In fact, one of our forefathers and our first president of the United States George Washington, grew hemp in an abundance on a plot of land he called Muddy Hole, rumor has it that he grew a different strain for smoking but there is no actual evidence to prove this. Hemp was one of the biggest farm product plant being grown, they used hemp to make a variety of commercial and industrial products, including rope, textiles, clothing, shoes, food, paper, bioplastics, insulation, and biofuel. Hemp that was used for industrial purposes barely contained any THC, usually less than 0.3%. The strains of cannabis that produce the euphoric effects are much higher in THC content. Marijuana contains some other psychoactive substances such as CBD, we need more research to see if and what kind of medicinal benefits would come from those.
In all honesty I think they should legalize all drugs but for right now I am just talking about marijuana.
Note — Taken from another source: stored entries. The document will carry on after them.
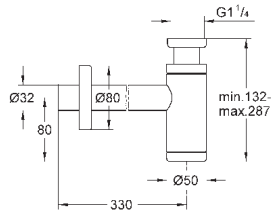

GROHE СЛИВНЫЕ ГАРНИТУРЫ И СИФОНЫ

Артикул

Цвет

Цена брутто /
РРЦ с НДС, €

28 912 DC0
28 912 EN0
28 912 GN0

суперсталь
матовый никель
холодный рассвет,
матовый

226,80

259,20

259,20

28 912 DL0
28 912 AL0

теплый закат, матовый
темный графит, матовый

259,20

259,20

Сифон 1 1/4"

для раковины
из латуни
(навинчивающаяся заглушка для чистки)
большая подвижная розетка
GROHE StarLight поверхность

Marijuana has been around for as long as man has, I am sure and regardless of laws people are always going to smoke on some “wacky tobacy” In fact it was legal until the early 20th century. Then everyone started to look down on marijuana and laws against it were made. Marijuana has been around since ancient China back to around 2700 B.C. there are many uses for it including: chronic pain, peripheral neuropathy, spinal cord injury, HIV and cancer patients, muscle and joint problems, rheumatoid arthritis, multiple sclerosis, insomnia, depression, anxiety and PTSD among many others.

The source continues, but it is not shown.